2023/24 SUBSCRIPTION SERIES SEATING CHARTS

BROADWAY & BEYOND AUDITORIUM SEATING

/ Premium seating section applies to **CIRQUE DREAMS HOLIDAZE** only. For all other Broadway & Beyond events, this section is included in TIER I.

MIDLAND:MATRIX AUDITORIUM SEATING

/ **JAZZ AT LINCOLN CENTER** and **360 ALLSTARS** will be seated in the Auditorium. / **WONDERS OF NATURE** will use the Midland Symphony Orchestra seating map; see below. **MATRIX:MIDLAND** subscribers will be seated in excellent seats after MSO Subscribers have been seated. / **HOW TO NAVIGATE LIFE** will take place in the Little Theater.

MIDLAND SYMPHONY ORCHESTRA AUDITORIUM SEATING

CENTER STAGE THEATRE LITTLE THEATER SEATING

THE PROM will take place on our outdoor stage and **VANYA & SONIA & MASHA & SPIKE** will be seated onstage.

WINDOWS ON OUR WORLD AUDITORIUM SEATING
━━━━━━━━━━━━━━━━━━━━
→ **Work required**: Lines from the one containing "MIDLAND SYMPHONY ORCHESTRA AUDITORIUM SEATING" through the end of the entries above must be copied exactly; include both ends and no other lines.

→ **Task result**:
MIDLAND SYMPHONY ORCHESTRA AUDITORIUM SEATING

CENTER STAGE THEATRE LITTLE THEATER SEATING

THE PROM will take place on our outdoor stage and **VANYA & SONIA & MASHA & SPIKE** will be seated onstage.

WINDOWS ON OUR WORLD AUDITORIUM SEATING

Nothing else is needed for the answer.